[ 
https://issues.apache.org/jira/browse/HBASE-8615?page=com.atlassian.jira.plugin.system.issuetabpanels:all-tabpanel
 ]

Jean-Daniel Cryans updated HBASE-8615:
--------------------------------------

         Priority: Critical  (was: Major)
    Fix Version/s: 0.95.2
                   0.98.0
          Summary: HLog Compression fails in mysterious ways (working title)  
(was: TestReplicationQueueFailoverCompressed#queueFailover fails on hadoop 2.0 
due to IndexOutOfBoundsException)

Here's what I know about the different problems.

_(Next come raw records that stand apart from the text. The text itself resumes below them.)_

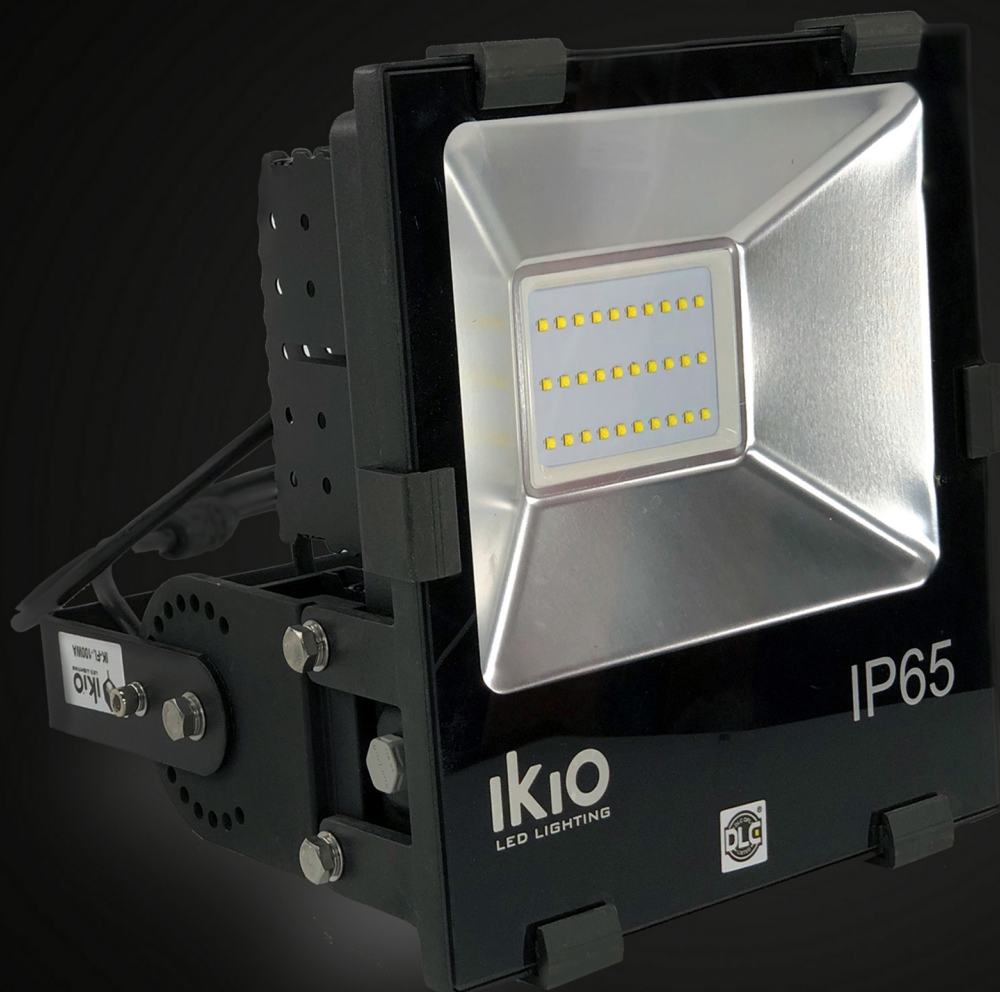

Premium Flood Light

ZENERGY
The LED Revolution

The IKIO Stadium Flood Light has a rugged die cast design with integrated cooling fins to ensure operations at optimum level temperature. It replaces up to 400W HID.

Features

- IP65 rated
- Low Starting Temperature
- Heat and impact resistant tempered glass
- 10-Year Manufacturer's Warranty
- 100,000-hours of lifetime at L70

800-931-5662 . Sales@ZnergyWorld.com

Powered by
ikio
LED LIGHTING

Product Code	IK-FLS1-LXXX-XXX-XX XXX						
Power Consumption (W)	40W	50W	70W	100W	150W	200W	250W
Lumen Output (Lm)	3000±5%	5000±5%	7000±5%	10000±5%	15000±5%	20000±5%	25000±5%
Lumen Efficacy (Lm/W)	75±5%	100±5%	100±5%	100±5%	100±5%	100±5%	100±5%
Beam angles	120						
CCT (K)	3000, 4000, 5000K						
AC Input Rating (VAC)	AC 90-277V 50/60Hz						
Color Rendering Index (CRI)	>90						
PF	≥ 0.90						

ORDERING INFORMATION

MODEL **LUMEN EFFICACY** **POWER** **CCT**
IK-FLS1 - **L100** - **40** - **30**

- 0 - 40 W
 - 0 - 50 W
 - 0 - 70 W
 - 0 - 100 W
 - 0 - 150 W
 - 0 - 200 W
 - 0 - 250 W
- 30 - 3000K
 - 40 - 4000K
 - 50 - 5000K
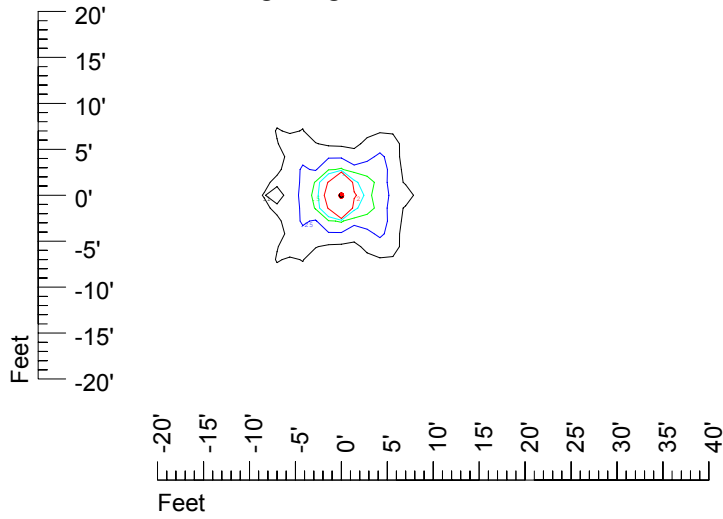

IES File: C9274

Lighting level in fc / Distance in feet

Vertical plan 0° to 180°
Horizontal plan 0°

— 2 fc — 1 fc — 0.5 fc — 0.25 fc — 0.1 fc

IES Photometric files C9274

Isoline template at 7' mounting height

Isoline values — 0.1 fc — 0.25 fc — 0.5 fc — 1.0 fc — 2.0 fc

Mounting height 7' Tilt 0°

Mounting height 7' Tilt 30°

Mounting height 7' Tilt 15°

Mounting height 7' Tilt 45°

IES Photometric files C9274

Isoline template at 9' mounting height

Isoline values — 0.1 fc — 0.25 fc — 0.5 fc — 1.0 fc — 2.0 fc

Mounting height 9' Tilt 0°

Mounting height 9' Tilt 30°

Mounting height 9' Tilt 15°

Mounting height 9' Tilt 45°

IES Photometric files C9274

Isoline template at 11' mounting height

Isoline values — 0.1 fc — 0.25 fc — 0.5 fc — 1.0 fc — 2.0 fc

Mounting height 20' Tilt 0°

Mounting height 20' Tilt 30°

Mounting height 20' Tilt 15°

Mounting height 20' Tilt 45°

IES Photometric files C9274

Isoline template at 25' mounting height
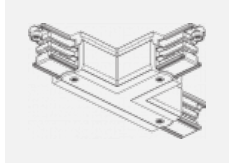

XTS36-1, grey
T-feed, gray
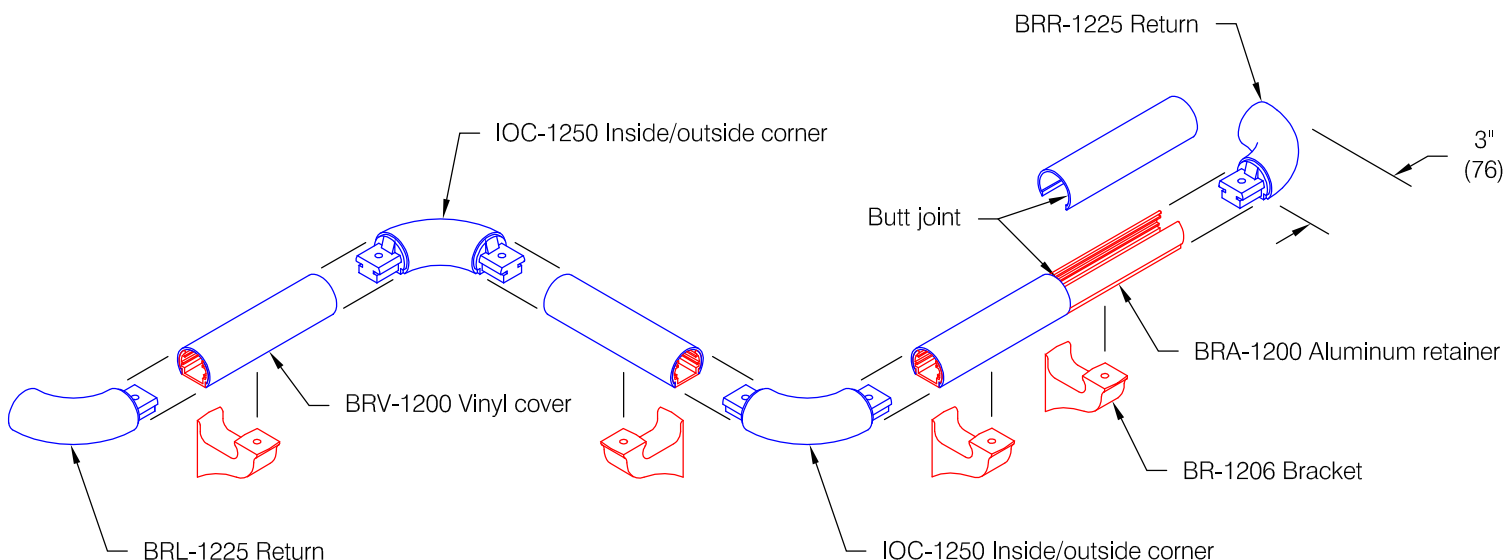

BR-1200 Handrail

Features:

- Class A fire rating
- Molded returns - with hardware
- Molded outside corners - with hardware
- Molded inside corners - with hardware
- Stock length 12'-0" (3658)

Finishes:

- Manufacturer's standard colors
- Custom colors available

The first one is that we find data in the compressed HLog that's unexpected. It 
happens easily on Hadoop 2 and takes more data to hit on Hadoop 1. It manifests 
itself as show in the jira's description or like this:

{noformat}
2013-07-27 15:17:54,789 ERROR [RS:1;vesta:34230.replicationSource,2] 
wal.ProtobufLogReader(236): Error  while reading 4 WAL KVs; started reading at 
65475 and read up to 65541
2013-07-27 15:17:54,790 WARN  [RS:1;vesta:34230.replicationSource,2] 
regionserver.ReplicationSource(323): 2 Got: 
java.io.IOException: Error  while reading 4 WAL KVs; started reading at 65475 
and read up to 65541
        at 
org.apache.hadoop.hbase.regionserver.wal.ProtobufLogReader.readNext(ProtobufLogReader.java:237)
        at 
org.apache.hadoop.hbase.regionserver.wal.ReaderBase.next(ReaderBase.java:96)
        at 
org.apache.hadoop.hbase.replication.regionserver.ReplicationHLogReaderManager.readNextAndSetPosition(ReplicationHLogReaderManager.java:89)
        at 
org.apache.hadoop.hbase.replication.regionserver.ReplicationSource.readAllEntriesToReplicateOrNextFile(ReplicationSource.java:407)
        at 
org.apache.hadoop.hbase.replication.regionserver.ReplicationSource.run(ReplicationSource.java:319)
Caused by: java.lang.IllegalArgumentException
        at 
com.google.common.base.Preconditions.checkArgument(Preconditions.java:76)
        at 
org.apache.hadoop.hbase.regionserver.wal.WALCellCodec$StreamUtils.toShort(WALCellCodec.java:353)
        at 
org.apache.hadoop.hbase.regionserver.wal.WALCellCodec$CompressedKvDecoder.readIntoArray(WALCellCodec.java:237)
        at 
org.apache.hadoop.hbase.regionserver.wal.WALCellCodec$CompressedKvDecoder.parseCell(WALCellCodec.java:206)
        at 
org.apache.hadoop.hbase.codec.BaseDecoder.advance(BaseDecoder.java:46)
        at 
org.apache.hadoop.hbase.regionserver.wal.WALEdit.readFromCells(WALEdit.java:213)
        at 
org.apache.hadoop.hbase.regionserver.wal.ProtobufLogReader.readNext(ProtobufLogReader.java:217)
        ... 4 more
{noformat}

One thing I saw is that it always happens when we're close to a multiple of 
Short.MAX_VALUE. In the stack trace I just pasted you can see it started 
reading at 65475 and in the jira's description it was ending at 65538.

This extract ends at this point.